BEGIN Working data

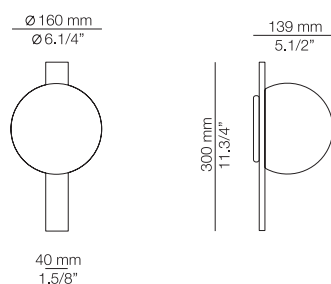

FINISHES

Canopy: 26 BLK - 71 WH
Body: 61 S GLD
26 BLK

EURO €

1114
910

Ø 50mm drill on dropped ceiling

CIRC

CIR_3720 - INDOOR

FEATURES

END Working data

◆ **Problem details**
An exact printout of the listing is needed, minus any pictures it contains.

◆ **Task output**
FINISHES

Canopy: 26 BLK - 71 WH
Body: 61 S GLD
26 BLK

EURO €

1114
910

Ø 50mm drill on dropped ceiling

CIRC

CIR_3720 - INDOOR

FEATURES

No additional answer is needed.